In its earliest stages, treatment might not be necessary. You can work with your eye doctor to best manage your blood sugar levels to reduce your risk for the progression of vision problems. Managing diabetes is the best way to slow the progression of diabetic retinopathy. You’ll also want to make regular eye exams a priority.
Treatment options available for more advanced cases of diabetic retinopathy include:
Photocoagulation or Focal Laser Treatment
This is a laser treatment that seals blood vessel leaks so the liquid is slowed or stopped from seeping into the eye. It might not return your vision to normal, but it can reduce the risk of worsening macular edema. Anti-VEGF therapy has replaced focal laser as the primary treatment for diabetic macular edema.

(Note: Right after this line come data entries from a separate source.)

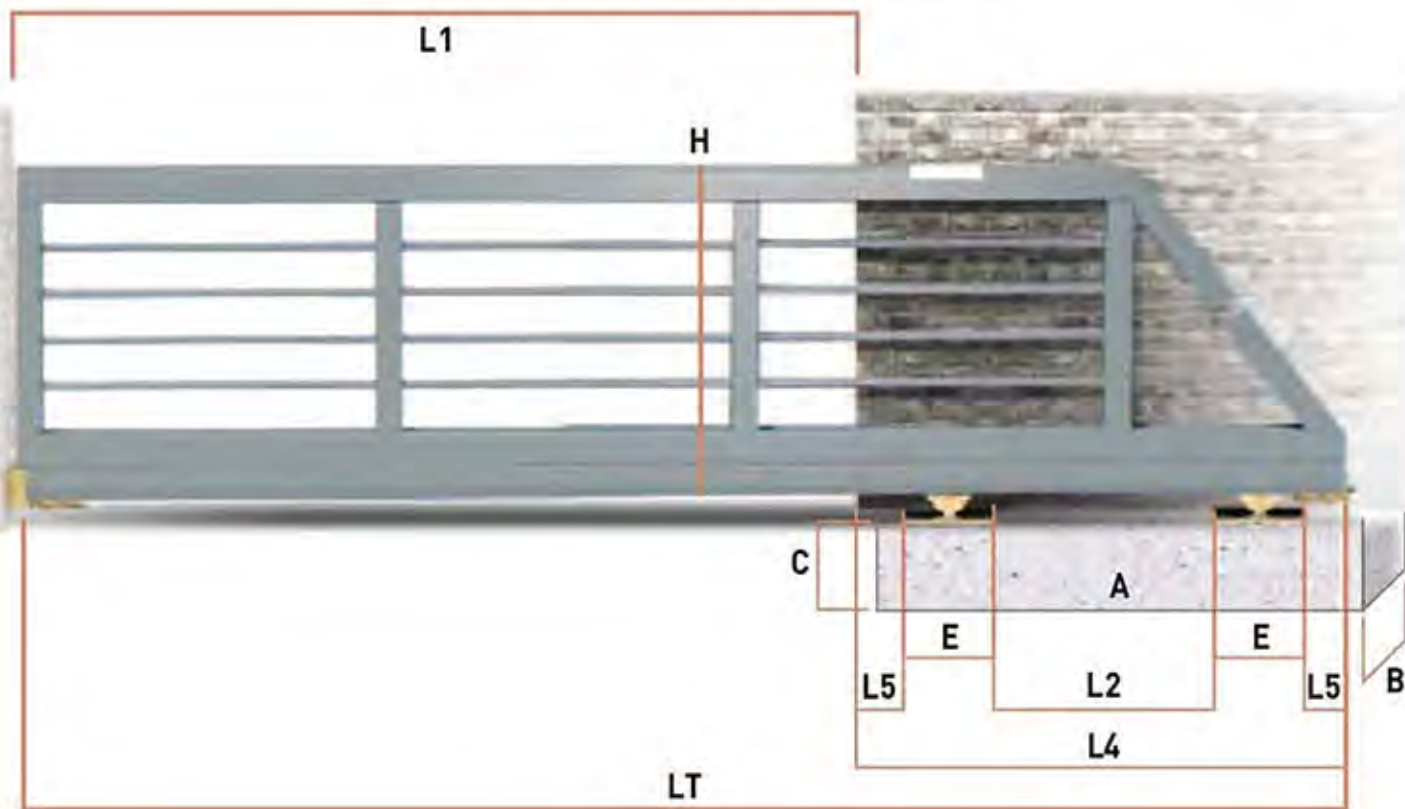

AUTOPORTANTE PEQUEÑO

MODELO	Peso Puerta Max	Luz Obra	L2	L4	L5	Total Hoja	H	E	A	B	C	Fuerza Max. del Carro	Ref 11100001	Ref 10100001	Ref 12100001	Ref 13100001
PEQUEÑO	600 Kg.	4	1,2	2,2	0,2	6,2	1,7	0,3	2,5	0,6	0,5	1200				
		5	1,5	2,5		7,5			2,8							
		6	1,8	2,8		8,8			3,1							
		7	2,1	3,1		10,1			3,4							
		8	2,4	3,4		11,4			3,7							

Barra 3 Mts.

Panretinal Photocoagulation or Scatter Laser Treatment
Also a laser treatment, this procedure shrinks abnormal blood vessels. It might result in a loss of some peripheral or night vision, but it slows or stops the damage caused by abnormal blood vessels.
The vitrectomy procedure removes blood and scar tissue from the middle of the eye through a small incision.
Vascular endothelial growth factor (VEGF) inhibitors can be injected directly into the eye to prevent the growth of abnormal blood vessels. Growth inhibitor medication can be used alone or in combination with other treatments.
Vitrectomy surgery might be an option to slow or stop the progression of diabetic retinopathy. Surgery is not a cure and follow-up treatment is usually needed.